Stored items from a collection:
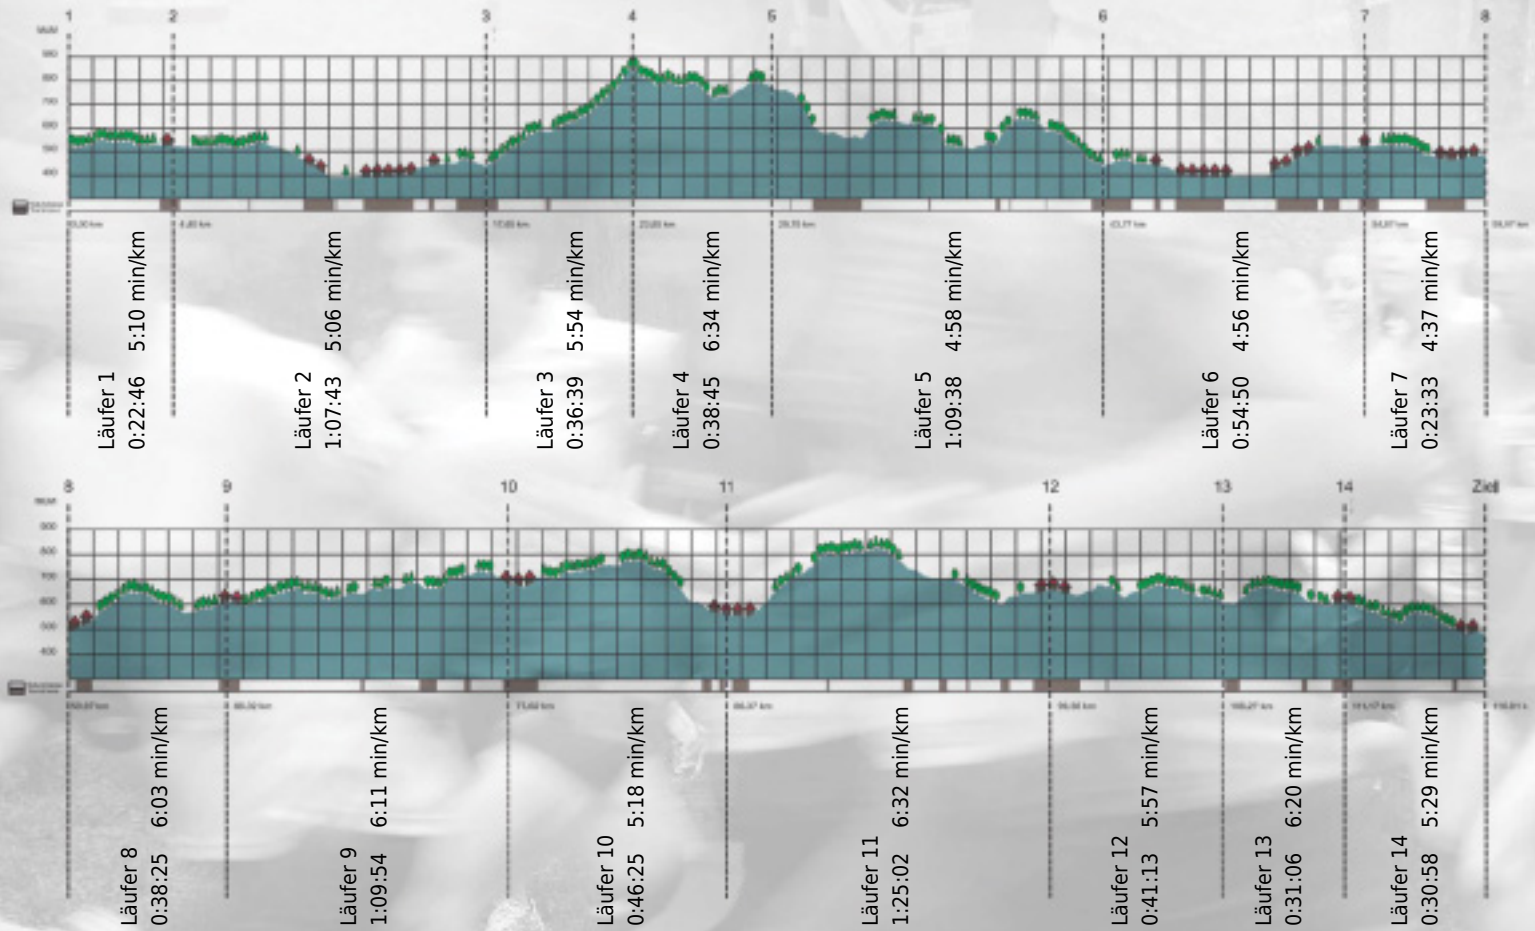

Stafette im
Grossraum
Zürich

GEDENKLAUF
WALTER HIEMEYER

URKUNDE

Platz gesamt: 656

Platz Kategorie: 361

SW SPIRIT Schellenberg Wittmer Ranwältle

Kategorie: Langsame

Laufzeit: 10:56:57 h (- min/km / - km/h)
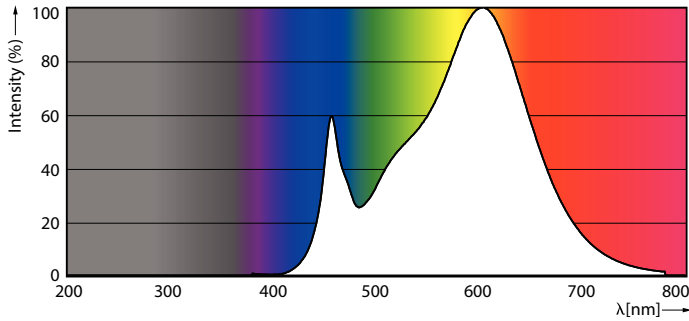

CorePro LEDcapsule MV - G9

Fotometrische gegevens

Spectral Power Distribution Colour - CorePro LEDcapsule 3.7-40W ND G9 830
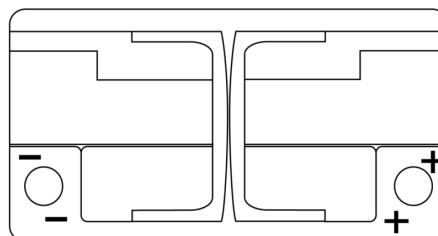

Batterie pour votre voiture

AGM FK800

Reference	FK800
Technology	AGM
EAN/GTIN	3661024045728
Tension	12 V
Capacité	80.0 Ah
CCA	800 A
Longueur	315 mm
Largeur	175 mm
Hauteur	190 mm
Dimensions boîtier	L04
Polarité	ETN 0
Type de borne	EN taper post
Fixation	B13
Poid (sujet à variation)	23.30 kg

Polarité

Type de borne

Positive Terminal

Negative Terminal

Fixation

La conception, les caractéristiques et les spécifications peuvent être modifiées sans préavis. Nous déclinons toute représentation ou garantie, expresse ou implicite, concernant les données ou les recommandations, et ne serons en aucun cas responsables de toute perte ou dommage prétendument survenu en conséquence. Certains produits peuvent ne pas être disponibles sur votre marché local.
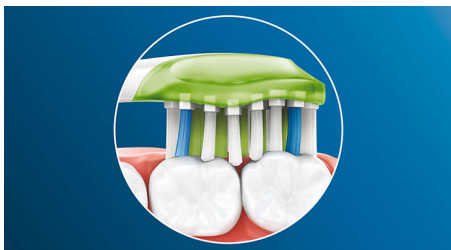

Adaptieve reinigingstechnologie

Elke keer dat u met onze adaptieve reinigingstechnologie poetst, krijgt uw gebit een gepersonaliseerde reinigingsbeurt. Door de zachte, flexibele rubberen zijkanten past de Premium White zich aan de unieke contouren van uw mond aan. Onze borstelharen passen zich aan uw tandvlees en tanden aan, waardoor ze tot 4x zoveel oppervlak bereiken** dan een gewone opzetborstel voor grondigere reiniging, zelfs op moeilijk bereikbare plekken. Dankzij de adaptieve reinigingstechnologie poetst de opzetborstel voorzichtig langs het tandvlees en absorbeert deze overmatige poetsdruk. Een verbeterde heen-en-weerbeweging zorgt voor een uniek gevoel en superieure reiniging.
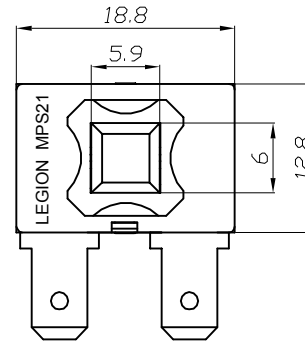

1. 按键开关型号 PUSH SWITCH MODEL NO. MPS21-WWBAB-S1-R
2. 快插端子类型 QUICK CONNECTOR TYPE;
单刀单掷 SINGLE POLE SINGLE THROW
3. 额定值 RATING: 16A 125/250VAC 3/4HP 125/250VAC(CUL)
16(4)A 125/250V~ T125/55(ENEC17;NEMKO;CB)
16(4)A 250~ T125/55(CQC)

TEL: 0769-82310511-867

PANEL CUTOUT DIMENSION:

WHEN THE SWITCH IS ON THE "ON" STATE,
 DIMENSION A IS 5.0 mm, AND THE "OFF"
 STATE, DIMENSION A IS 8.0 mm

修正 REVISION	說明 DESCRIPTION	修訂者 REVISED BY	SPECIFICATION				公差 TOLERANCES		TOLERANCES UNLESS OTHERWISE SPEC.±0.5/0.02,ANG.±3			
			製圖 DRAWN BY	設計 DESIGNED BY	校對 CHECKED BY	核准 APPROVED BY	單位 UNIT	mm	機種名稱 MODEL NAME	PUSH SW	機種編號 MODEL NO.	MPS21-WWBAB-S1-R
第四次							單位	mm	機種名稱	PUSH SW	機種編號	MPS21-WWBAB-S1-R
第三次							比例	1/1	六鈞電子五金有限公司 LEGION ELECTRONIC & HARDWARE CO., LTD			
第二次						日期	2015-07-23					
第一次			王凡	唐彪	唐彪	唐彪	日期	2015-07-23

What this task involves: From the data above, copy out every line with the string "MODEL" in it.

Task response:
1. 按键开关型号 PUSH SWITCH MODEL NO. MPS21-WWBAB-S1-R
			製圖 DRAWN BY	設計 DESIGNED BY	校對 CHECKED BY	核准 APPROVED BY	單位 UNIT	mm	機種名稱 MODEL NAME	PUSH SW	機種編號 MODEL NO.	MPS21-WWBAB-S1-R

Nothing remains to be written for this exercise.